== WHAT THE TASK REQUIRES ==
Each line with the word "CollectivWarehouse" must appear in the answer, copied from the records.

Source records

.....

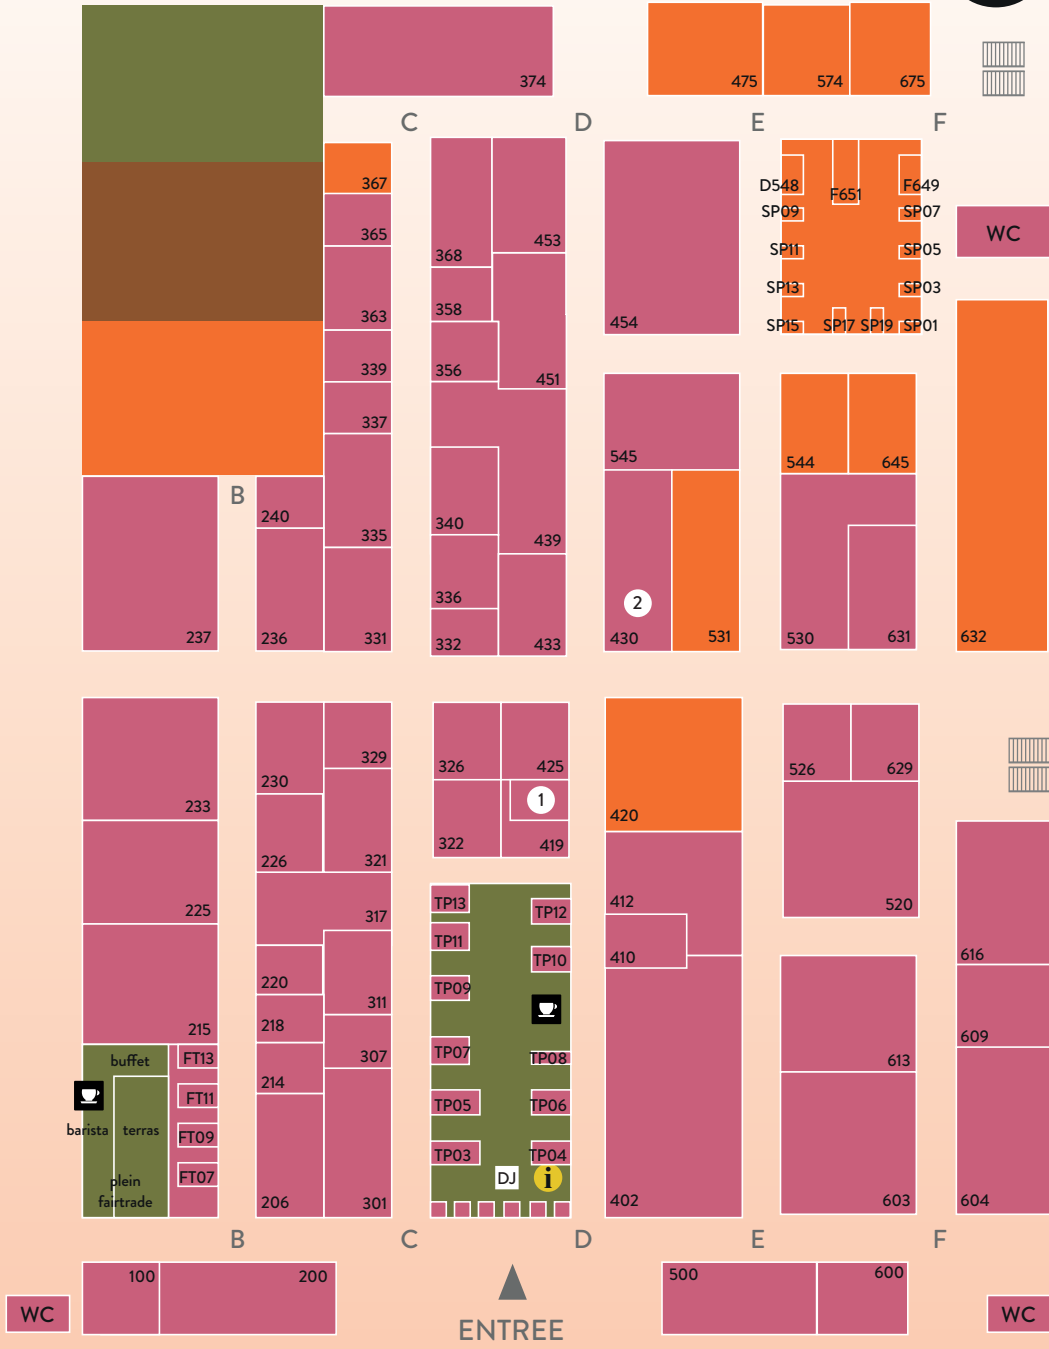

FASHION & LIFESTYLE

RETAILBEURS

- EXPOSANTEN
- Artisans Effort GMBH
- AziBi-iBizA
- B&U Trading
- BeYoonA
- Barrucci Mode-accessoires
- Biba B.V.
- Bijoux by F&M
- Butik Batik
- Culture Mix
- De Blue Gold Fish
- De Vogue
- Enrico Benetti
- Fairitens
- FATES
- FlowJewels
- Fushi
- Gebr. Simon
- Haba - BeLONG
- Harlekijn Import
- Hevi Handmade
- IKKI
- Jeebees
- Joyline-Creations
- JPM Toys
- JWL Trading
- Kadopapier.net
- Kazuri & more

- STAND
- D410
- C326
- E544
- C307
- C317
- D402
- D439
- B218
- D412
- C321
- C329
- D454
- B214
- F609
- C358
- C368
- F675
- F632
- E531
- C332
- C358
- B233
- C331
- E574
- C339
- F600
- B215

- Kbas
- Lacom
- Ludo Agencie
- Mechato
- Micmacbags
- Mundomi
- O.T.R.A. COSA
- Onkar
- Oosterzon Import Export
- OOZOO Timepieces
- Out of the Blue
- Pro Card Exclusive
- Rado Fashion
- Renaissance
- Rio Design - Handmade Designer
- Accessories
- Shanghai International Trade Company
- Siddharth Imports
- Silk Route
- Simbolica
- Soleyman Jewellery & Edelstenen
- State of Brands Trading Company
- TABOO sieraden
- Tahoua Import
- Tjonge Jonge
- Toenga
- Treasure Trade

- C322
- F616
- F609
- E475
- D451
- B225
- B206
- F603
- C336 - D433
- E545
- D420
- C367
- E530
- B220
- C311
- F645
- C335
- B200
- FT07
- F629
- C301
- C361
- A100
- B226
- F631
- C340

- GASTEXPOSANTEN:
- 4-ces watches
- CollectivWarehouse
- Context Cards
- daNikki
- Fair product company
- Franck Herval
- Go Dutch Label
- HB Kurk & Keramiek
- Happy Lona
- Huiskamer atelier Anne-belle
- Jongleergroothandel
- Kids and Berries
- Kinderfeets
- Lannoo Graphics
- Les Chamanes
- Lot83
- MAPublishing
- Mooi Vilt
- My Lady Lederwaren
- Nature
- Orbitkey
- Ori Tao
- Pockies
- Priddy Jewelry
- S Zilver
- sigikid
- Simbolica
- Speelplus Agenturen
- Uitgeverij Manó
- VKF Renzel BV
- Yet Fair Jewels

- D453
- D419
- TP10
- TP06
- C337
- TP08
- C365
- FT09
- FT07
- FT11
- SP13, SP15, SP17
- D548
- SP05
- TP07
- TP08
- TP04
- TP12
- TP09
- TP11
- TP08
- TP03
- TP08
- TP05
- TP13
- C356
- SP07
- FT07
- SP03
- SP01
- D425
- C337

■ Speelgoedexposanten   1 Inpak workshop powered by CollectivWarehouse
■ Catering   2 Frederique van Gemert foto en productstyling   Situatie per 03-09-2019, wijzigingen onder voorbehoud.

.....

== EXERCISE OUTPUT ==
- CollectivWarehouse
■ Speelgoedexposanten   1 Inpak workshop powered by CollectivWarehouse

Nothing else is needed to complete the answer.